First Niagara's profits swelled to $22.1 million, or 19 cents per share, from $11.9 million, or 15 cents per share, a year ago as the company completed its first quarter since its $580 million acquisition of Hudson River Bancorp.

The earnings matched the expectations of Wall Street analysts, and the company repeated its earlier forecast that its profits for the full year would grow to 82 cents per share, including merger-related expenses, and between 83 to 84 cents per share, excluding those costs.

"We are off to a very good start to 2005," said Paul Kolkmeyer, First Niagara's president and chief executive officer.

First Niagara executives said Friday they were especially pleased with the way Hudson River's operations have been melded into the First Niagara system. Expenses related to the merger, which reduced first-quarter profits by $2.3 million, or a penny per share, have been slightly lower than company officials expected and are expected to be minimal during the remainder of the year.

"We think the synergies are starting to be realized nicely," said John Koelmel, First Niagara's executive vice president and chief financial officer, during a conference call with investors and analysts.

"It looks like a pretty good quarter," said Kevin Timmons, an analyst at C.L. King & Associates in Albany. First Niagara shares, which are down 7 percent for the year, rose 19 cents to $13.

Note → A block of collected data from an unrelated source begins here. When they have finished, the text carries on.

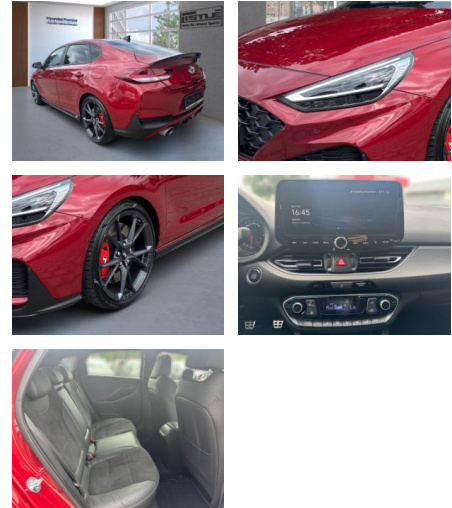

AL33-011465L Angebotsnr.:

Erstzulassung:	Kilometer:	Farbe:	Leistung:	Kraftstoffart:
01.05.2023	19.038		206 kW / 280 PS	Benzin

PREIS
35.240 €

FINANZIERUNGSBEISPIEL
Laufzeit: 60 Monate Anzahlung: 20 %
Basis-Finanzierung:* Mtl. Rate:
Zielraten-Finanzierung:** **272 €**

- Sonstiges: Metallic
- Sportausstattung
- Alufelgen
- Gepäckraumabdeckung
- Stossfänger in Wagenfarbe
- Sportpaket
- Sportfahrwerk
- Lenkradheizung
- Fahrerprofilwahl
- Sommerreifen
- Winterpaket
- Spoiler

With its Hudson River acquisition complete, First Niagara now is focusing on ways to bolster its profits, including building deeper relationships with its customers, expanding its commercial lending business, opening new branches and making strategic purchases of financial services firms, such as insurance agencies.

First Niagara also used some of its excess capital to buy back 1.8 million shares of its own stock during the quarter.

"We're not out actively looking to do a whole bank acquisition," Kolkmeyer said. "We're continuing to look for financial services acquisitions, particularly insurance agencies."

The company also plans to open "a dozen or more" branches during the next 15 months to 18 months, Koelmel said. First Niagara has signed leases for seven new branches in the Buffalo and Rochester areas this year and could add one more, with three of the new offices in Rochester and five in the Buffalo market.

First Niagara's net interest margin -- the gap between the interest the thrift pays on deposits and takes in on loans -- widened to 3.76 percent during the quarter from 3.69 percent in the fourth quarter, although Kolkmeyer warned that he expects it to narrow in coming quarters as the competition for deposits inches rates higher and the yield curve flattens.

Non-interest income grew by 36 percent because of the acquisition of Hudson River and an insurance agency. Excluding Hudson River, the thrift added $42 million in new loans, with commercial real estate and business lending growing at a 10 percent rate.